Records supplied =
· · · · · · ·
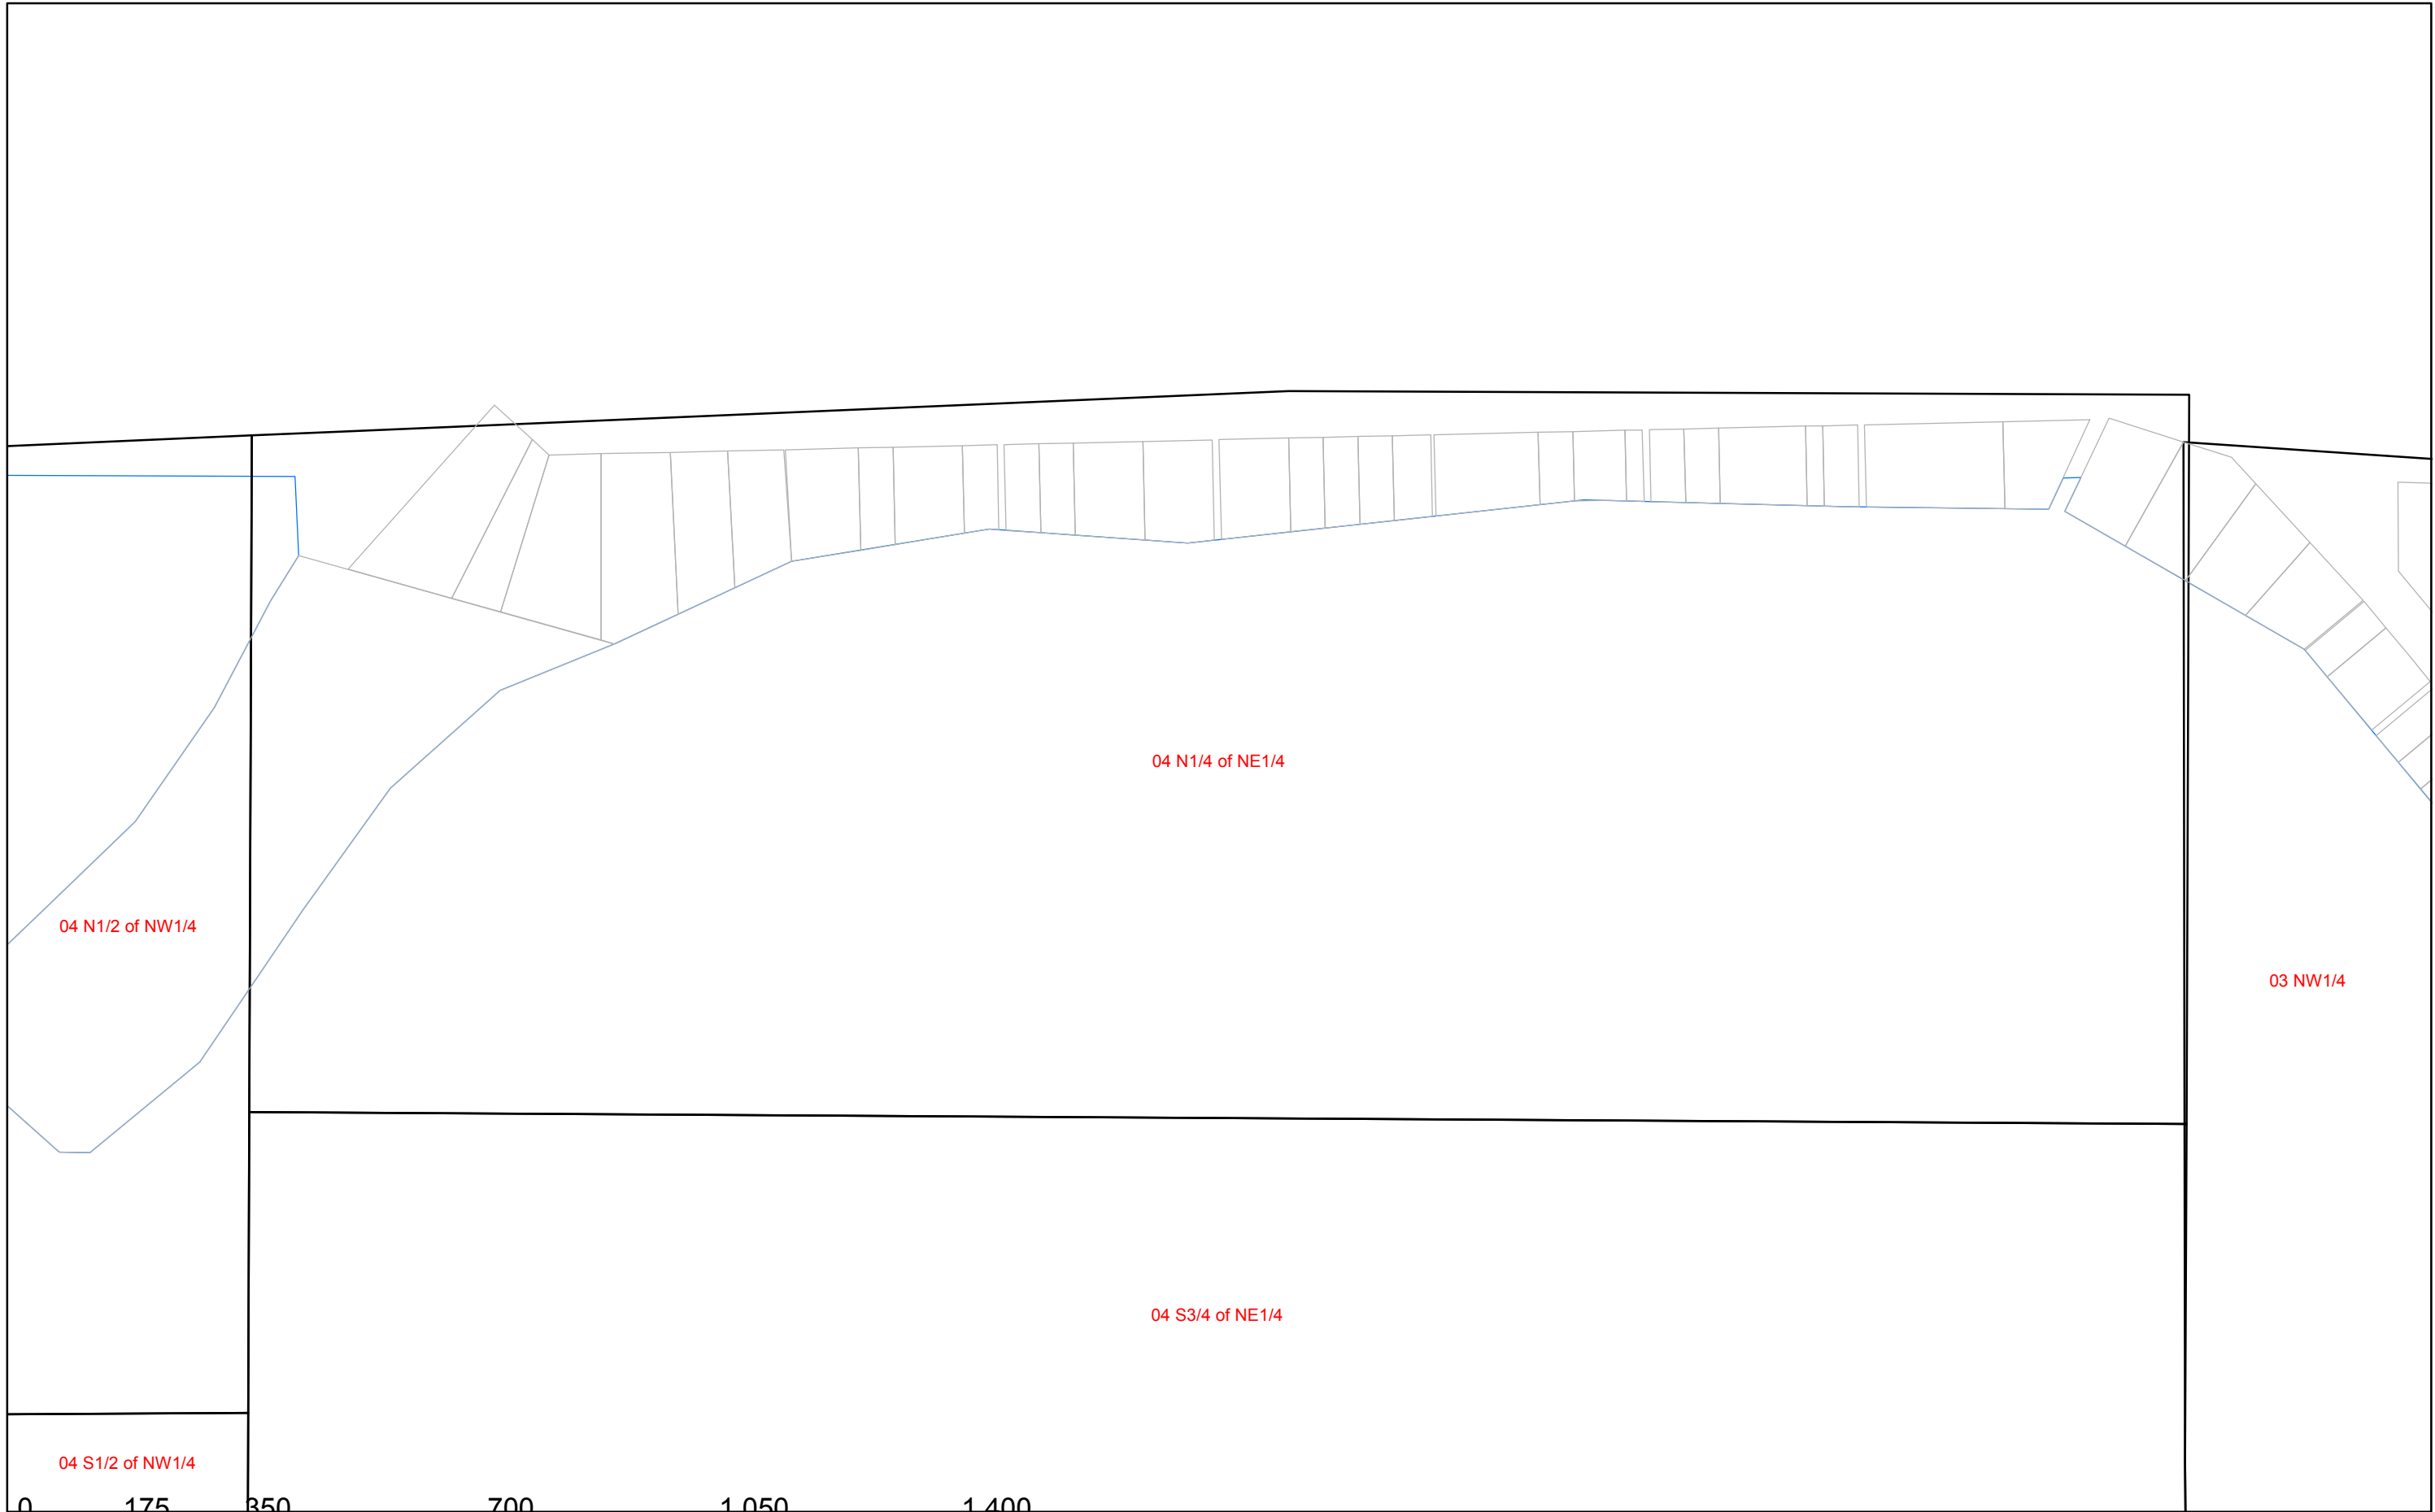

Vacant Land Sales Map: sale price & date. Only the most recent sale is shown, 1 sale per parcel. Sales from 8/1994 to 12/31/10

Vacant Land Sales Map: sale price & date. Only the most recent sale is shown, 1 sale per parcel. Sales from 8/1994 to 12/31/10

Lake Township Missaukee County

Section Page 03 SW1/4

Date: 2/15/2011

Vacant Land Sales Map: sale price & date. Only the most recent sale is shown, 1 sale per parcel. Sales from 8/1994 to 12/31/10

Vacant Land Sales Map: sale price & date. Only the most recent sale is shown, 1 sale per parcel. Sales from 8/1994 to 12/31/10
· · · · · · ·
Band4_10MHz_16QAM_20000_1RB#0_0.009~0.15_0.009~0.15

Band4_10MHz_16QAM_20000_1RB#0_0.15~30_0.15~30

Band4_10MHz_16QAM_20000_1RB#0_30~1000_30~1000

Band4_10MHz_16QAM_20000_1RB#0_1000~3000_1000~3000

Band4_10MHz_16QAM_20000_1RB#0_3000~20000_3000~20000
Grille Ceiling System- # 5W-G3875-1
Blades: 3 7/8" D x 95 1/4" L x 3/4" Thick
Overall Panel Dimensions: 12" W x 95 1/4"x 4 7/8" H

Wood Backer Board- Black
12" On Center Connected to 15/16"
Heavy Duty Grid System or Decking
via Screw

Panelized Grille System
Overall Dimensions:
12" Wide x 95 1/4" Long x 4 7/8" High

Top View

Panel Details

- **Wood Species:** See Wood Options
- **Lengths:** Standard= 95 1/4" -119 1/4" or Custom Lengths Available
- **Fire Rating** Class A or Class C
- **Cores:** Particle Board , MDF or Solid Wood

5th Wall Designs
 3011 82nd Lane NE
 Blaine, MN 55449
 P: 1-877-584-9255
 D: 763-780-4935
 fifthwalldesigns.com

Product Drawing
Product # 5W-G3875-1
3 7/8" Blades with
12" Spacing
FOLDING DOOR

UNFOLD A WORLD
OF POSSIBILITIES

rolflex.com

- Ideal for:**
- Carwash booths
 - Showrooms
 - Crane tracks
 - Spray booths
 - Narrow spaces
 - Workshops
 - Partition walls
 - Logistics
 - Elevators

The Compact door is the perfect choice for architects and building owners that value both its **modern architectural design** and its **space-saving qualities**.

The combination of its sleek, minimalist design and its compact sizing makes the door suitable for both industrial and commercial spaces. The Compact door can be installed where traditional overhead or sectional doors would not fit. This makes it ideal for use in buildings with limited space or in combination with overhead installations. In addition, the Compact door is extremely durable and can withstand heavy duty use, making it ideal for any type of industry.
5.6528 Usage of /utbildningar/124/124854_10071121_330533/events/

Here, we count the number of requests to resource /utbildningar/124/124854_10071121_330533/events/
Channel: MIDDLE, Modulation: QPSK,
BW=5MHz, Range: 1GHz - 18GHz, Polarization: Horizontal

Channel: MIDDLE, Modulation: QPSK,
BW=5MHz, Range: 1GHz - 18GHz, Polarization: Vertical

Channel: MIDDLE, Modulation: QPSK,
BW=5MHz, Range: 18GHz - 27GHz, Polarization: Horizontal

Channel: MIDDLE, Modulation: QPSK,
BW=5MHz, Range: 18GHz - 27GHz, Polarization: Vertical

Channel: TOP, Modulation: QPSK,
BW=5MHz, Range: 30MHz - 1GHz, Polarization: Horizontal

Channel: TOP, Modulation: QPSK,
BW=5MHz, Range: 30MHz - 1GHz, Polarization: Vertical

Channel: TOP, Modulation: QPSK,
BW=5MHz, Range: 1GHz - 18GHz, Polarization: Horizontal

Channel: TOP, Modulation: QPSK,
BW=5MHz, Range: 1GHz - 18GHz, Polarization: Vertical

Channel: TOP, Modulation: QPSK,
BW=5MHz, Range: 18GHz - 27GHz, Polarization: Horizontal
· · · · · · ·
Show, from the listing above, each line that contains the word "System".

Grille Ceiling System- # 5W-G3875-1
Heavy Duty Grid System or Decking
Panelized Grille System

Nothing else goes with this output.